[Input data]
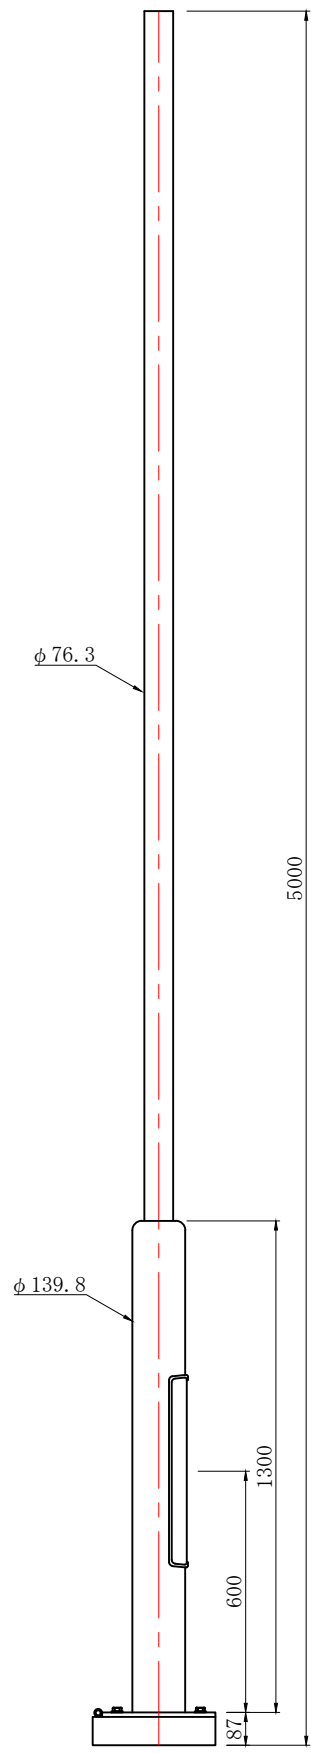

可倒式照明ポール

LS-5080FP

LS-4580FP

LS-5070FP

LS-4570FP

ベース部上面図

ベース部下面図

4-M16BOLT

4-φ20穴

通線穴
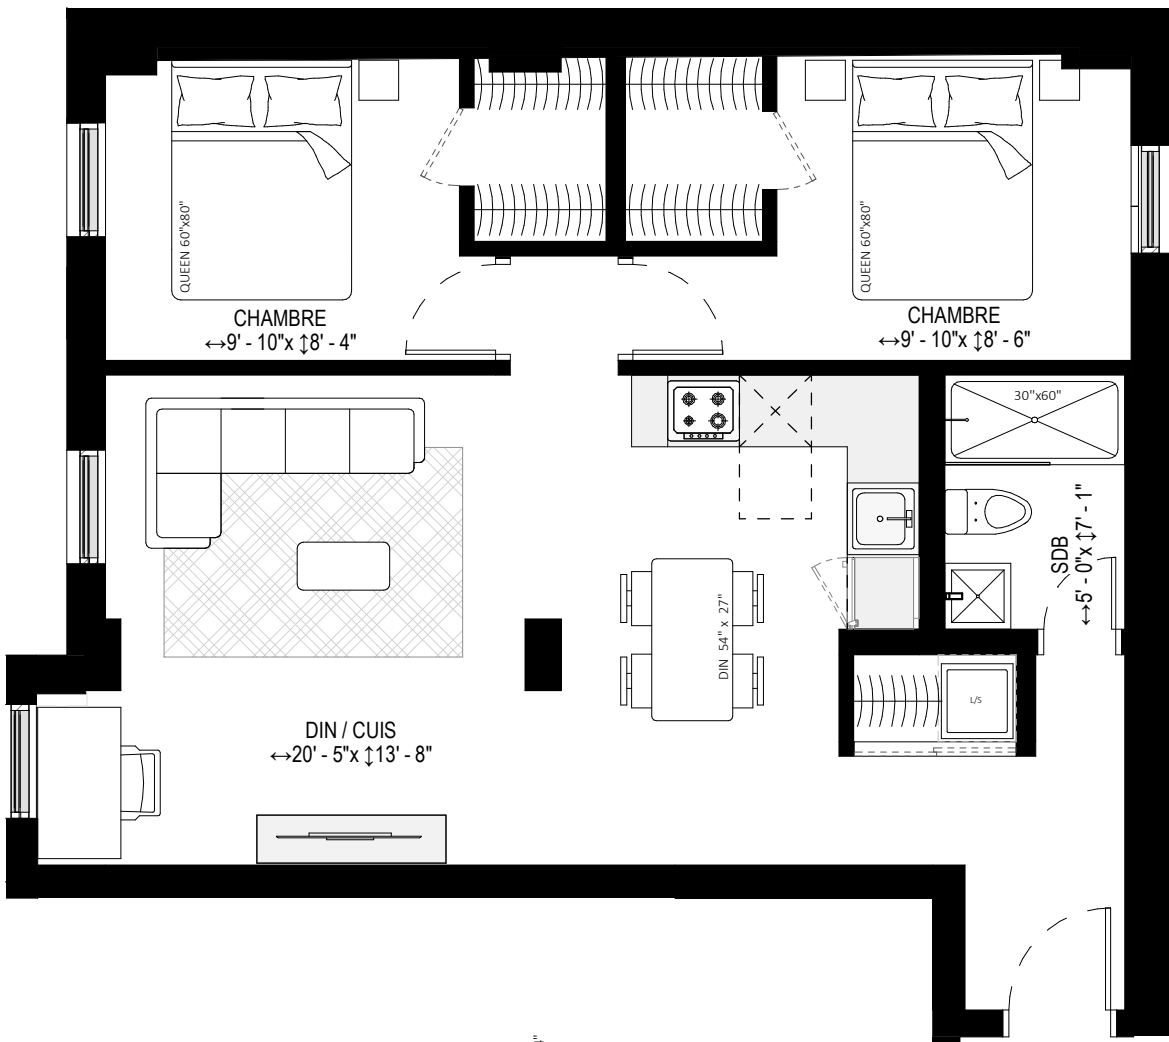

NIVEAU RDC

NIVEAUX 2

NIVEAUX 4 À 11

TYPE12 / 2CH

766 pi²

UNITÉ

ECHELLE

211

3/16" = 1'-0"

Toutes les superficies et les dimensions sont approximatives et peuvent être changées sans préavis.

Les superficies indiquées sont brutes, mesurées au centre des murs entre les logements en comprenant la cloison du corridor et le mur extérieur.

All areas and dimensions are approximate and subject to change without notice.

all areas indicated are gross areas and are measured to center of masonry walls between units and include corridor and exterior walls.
[/Input data]
▶ **Task description**
Write out the data precisely as given, excluding the pictures.

▶ **Reply**
可倒式照明ポール

LS-5080FP

LS-4580FP

LS-5070FP

LS-4570FP

ベース部上面図

ベース部下面図

4-M16BOLT

4-φ20穴

通線穴

NIVEAU RDC

NIVEAUX 2

NIVEAUX 4 À 11

TYPE12 / 2CH

766 pi²

UNITÉ

ECHELLE

211

3/16" = 1'-0"

Toutes les superficies et les dimensions sont approximatives et peuvent être changées sans préavis.

Les superficies indiquées sont brutes, mesurées au centre des murs entre les logements en comprenant la cloison du corridor et le mur extérieur.

All areas and dimensions are approximate and subject to change without notice.

all areas indicated are gross areas and are measured to center of masonry walls between units and include corridor and exterior walls.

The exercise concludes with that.